Records for the exercise section start

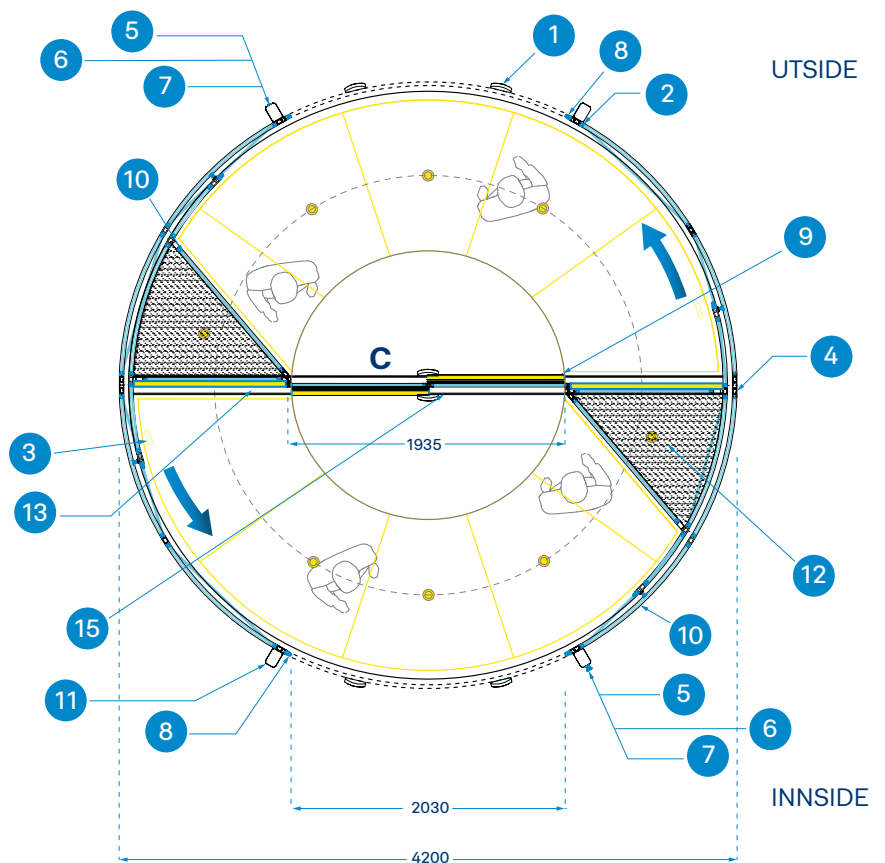

## SETT FORFRA

- 1 Betjeningspanel
- 2 Nødstopbryter
- 3 Trykkplate
- 4 Børstetetning
- ID Innvendig diameter
- AD Utvendig diameter
- GH Total høyde
- DH Ganghøyde
- KH Høyde på takkonstruksjon

## SETT OVENFRA

- 1 Radarbasert bevegelsesdetektor
- 2 Glassinnkapsling
- 3 Tilstededetektor
- 4 80×30 mm aluminiumsprofil
- 5 Nødstopbryter
- 6 Trykkplate
- 7 Betjeningspanel
- 8 Håndsensor
- 9 Stolpesikring
- 10 4 + 4 mm LSG
- 11 Sensordeksel
- 12 10 W LED
- 13 Lysgardinsensor
- 14 Radarbasert bevegelsesdetektor
- 15 Skyvedør
- ÖW Åpningsbredde
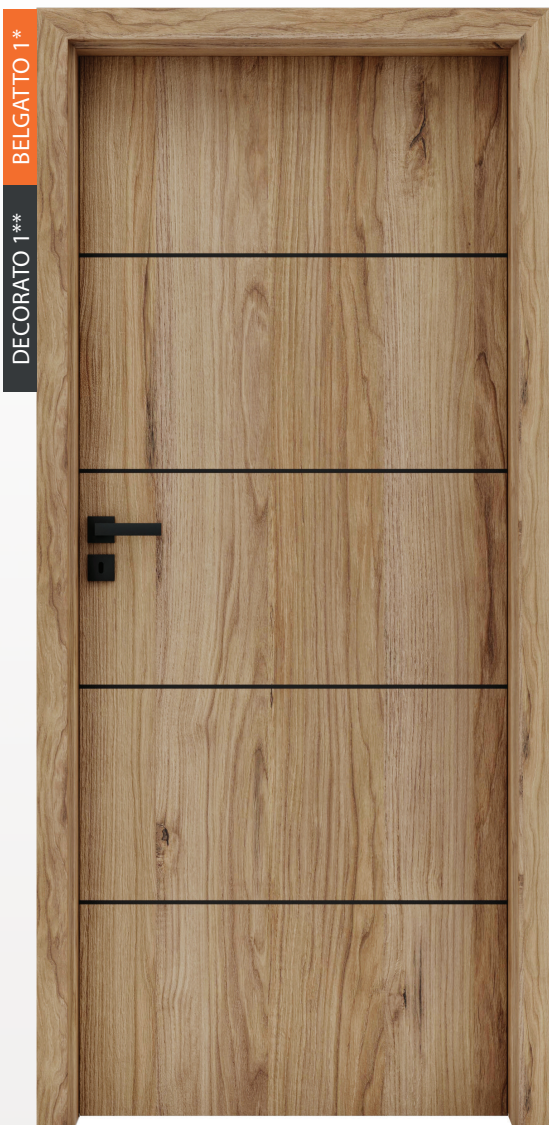

230,00 €

komplet so zárubňou
od 75 mm - 179 mm

4900,00 Kč

250,00 €

komplet so zárubňou
od 180 mm - 299 mm

5300,00 Kč

*** BELGATTO S FRÉZOVANÍM 8mm
V TVARE PÍSMENA "U"**

**** DECORATO S FRÉZOVANÍM 3mm
V TVARE PÍSMENA "V"**

	biela
B134	
B639	B706
dub európsky	dub jesenný

BELGATTO	DECORATO
75-179 mm	75-179 mm
230,00 €	230,00 €
4900,00 Kč	4900,00 Kč
180-299 mm	180-299 mm
250,00 €	250,00 €
5300,00 Kč	5300,00 Kč

prerez falcovej
regulovanej zárubne

prerez falcové
regulované zárubne

kľučky na výber / kliky na výběr

11,50€ / 260,00 Kč

15,00€ / 330,00Kč

15,00€ / 330,00Kč

19,00€ / 420,00Kč

uvedená cena je vrátane rozety /bb,pz,wc/

BELGATTO | DECORATO

INVADO®

Records for the exercise section end

[Work required] With images left out, the data must be transcribed exactly.

[Task result]
## SETT FORFRA

- 1 Betjeningspanel
- 2 Nødstopbryter
- 3 Trykkplate
- 4 Børstetetning
- ID Innvendig diameter
- AD Utvendig diameter
- GH Total høyde
- DH Ganghøyde
- KH Høyde på takkonstruksjon

## SETT OVENFRA

- 1 Radarbasert bevegelsesdetektor
- 2 Glassinnkapsling
- 3 Tilstededetektor
- 4 80×30 mm aluminiumsprofil
- 5 Nødstopbryter
- 6 Trykkplate
- 7 Betjeningspanel
- 8 Håndsensor
- 9 Stolpesikring
- 10 4 + 4 mm LSG
- 11 Sensordeksel
- 12 10 W LED
- 13 Lysgardinsensor
- 14 Radarbasert bevegelsesdetektor
- 15 Skyvedør
- ÖW Åpningsbredde

230,00 €

komplet so zárubňou
od 75 mm - 179 mm

4900,00 Kč

250,00 €

komplet so zárubňou
od 180 mm - 299 mm

5300,00 Kč

*** BELGATTO S FRÉZOVANÍM 8mm
V TVARE PÍSMENA "U"**

**** DECORATO S FRÉZOVANÍM 3mm
V TVARE PÍSMENA "V"**

	biela
B134	
B639	B706
dub európsky	dub jesenný

BELGATTO	DECORATO
75-179 mm	75-179 mm
230,00 €	230,00 €
4900,00 Kč	4900,00 Kč
180-299 mm	180-299 mm
250,00 €	250,00 €
5300,00 Kč	5300,00 Kč

prerez falcovej
regulovanej zárubne

prerez falcové
regulované zárubne

kľučky na výber / kliky na výběr

11,50€ / 260,00 Kč

15,00€ / 330,00Kč

15,00€ / 330,00Kč

19,00€ / 420,00Kč

uvedená cena je vrátane rozety /bb,pz,wc/

BELGATTO | DECORATO

INVADO®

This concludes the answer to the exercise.